With the tenant limit raised and Go runtime internals dropped from the write path, the 429s stop, samples_pending drains to near zero, and the recent window backfills.

Prevention Best Practices

Right-size receiver ingestion limits (samples/sec, series, label length/count) to your actual emission rate, and alert on the receiver’s discarded-samples metric so 429/400 surfaces before backlogs grow.
Trim the write path with write_relabel_configs drop rules — ship only what the long-term store needs, not Go runtime and per-request high-cardinality internals.
Tune queue_config (max_shards, max_samples_per_send, min_backoff) for throughput, and watch prometheus_remote_storage_samples_pending and shards/shards_max.
For HA senders, set a replica external label and enable the receiver’s out-of-order window (or dedupe) to avoid 400 out-of-order rejections.
Alert on rate(prometheus_remote_storage_samples_failed_total[5m]) > 0 so any sustained send failure pages you.
The free incident assistant can classify remote-write failures by HTTP code and point at the limit being hit; more remote-write guidance is under Prometheus and monitoring.

Quick Command Reference

# Tally HTTP status codes from remote-write
journalctl -u prometheus --no-pager | grep remote \
  | grep -oE 'HTTP status [0-9]+ [A-Za-z ]+' | sort | uniq -c | sort -rn

# Read 400 dropped-batch reasons
journalctl -u prometheus --no-pager | grep remote | grep -i 'Bad Request' | tail -5

# Probe the receiver endpoint directly
curl -s -o /dev/null -w 'code=%{http_code} time=%{time_total}s\n' -X POST \
  -H 'Authorization: Bearer <TOKEN>' --data-binary @/dev/null <PUSH_URL>

# Review remote_write config
grep -nA8 'remote_write' /etc/prometheus/prometheus.yml

# Queue and failure health
rate(prometheus_remote_storage_samples_failed_total[5m])
prometheus_remote_storage_samples_pending
prometheus_remote_storage_shards / prometheus_remote_storage_shards_max

Conclusion

Remote-write server returned HTTP status errors mean the receiver refused a batch while your local Prometheus is fine.
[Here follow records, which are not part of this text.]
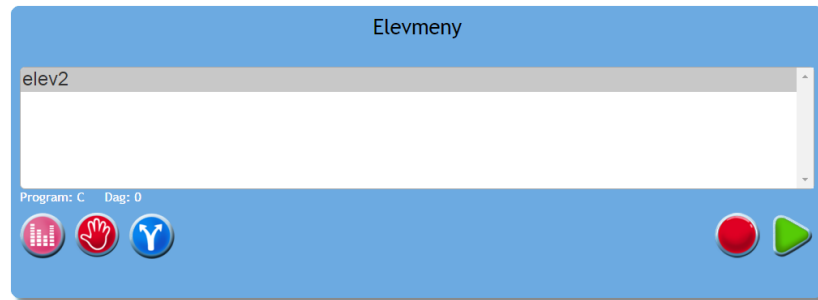

Namn: elev2

1 2 3 4

Steg 9:

Nu kommer du tillbaka till elevmenyn. Klicka på den gröna playknappen för att börja träna. Steg 7 och 8 genomförs endast första dagen när en profil ska skapas för eleven.

**Steg 10:**
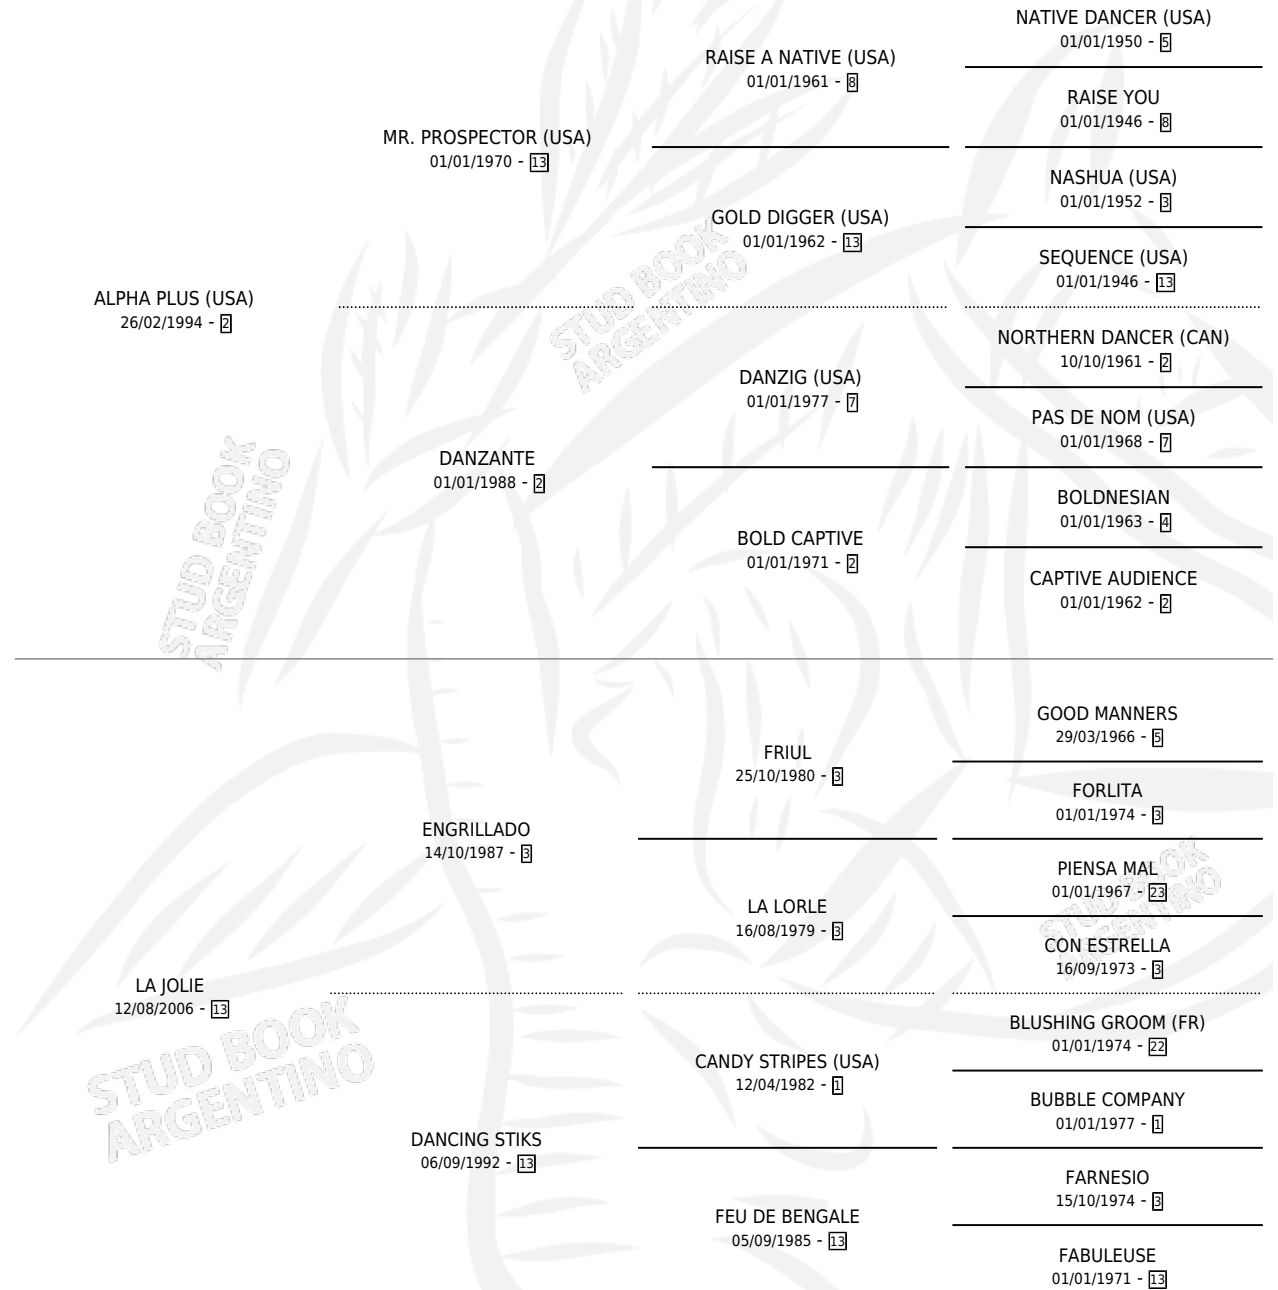

NOCHE VIP

por **ALPHA PLUS (USA)** y **LA JOLIE** por **ENGRILLADO**

Argentina · Macho · Zaino · SP · 24/08/2013
Familia 13-c · Volumen 41

ESTADO

TIPIFICACIÓN SANGUÍNEA	X
TIPIFICACIÓN POR ADN	✓
PASAPORTE	✓
IDENTIFICACIÓN POR MICROCHIP	✓
REPRODUCTOR	X

Lugar de nacimiento: Don Florentino

Criador: Don Florentino

PEDIGREE

CAMPAÑA

Solo carreras oficiales de Argentina

POR EDAD

EDAD	CC	1°	2°	3°	4°	5°	NP	CLC	CLG	CLCG1	CLGG1	IMPORTE	GANANCIA / CC
4 AÑOS	3	0	0	0	0	0	3	0	0	0	0	\$0	\$0
TOTALES	3	0	0	0	0	0	3	0	0	0	0	\$0	\$0
%		0.0%	0.0%	0.0%	0.0%	0.0%	100%	0.0%	0.0%	0.0%	0.0%

Triage by code:

Tally the status codes — 429 (backpressure) vs 400 (malformed/limit) vs 401/413 (auth/size).
For 400s, read the receiver’s reason: label length/count or out-of-order sample.
Check samples_pending and shards/shards_max for queue saturation.
Probe the endpoint directly to isolate auth and reachability.
Review queue_config and HA replica/external_labels.

The lasting fix pairs a correctly sized receiver limit with a trimmed write path and tuned queue — ship less, faster, within the receiver’s contract.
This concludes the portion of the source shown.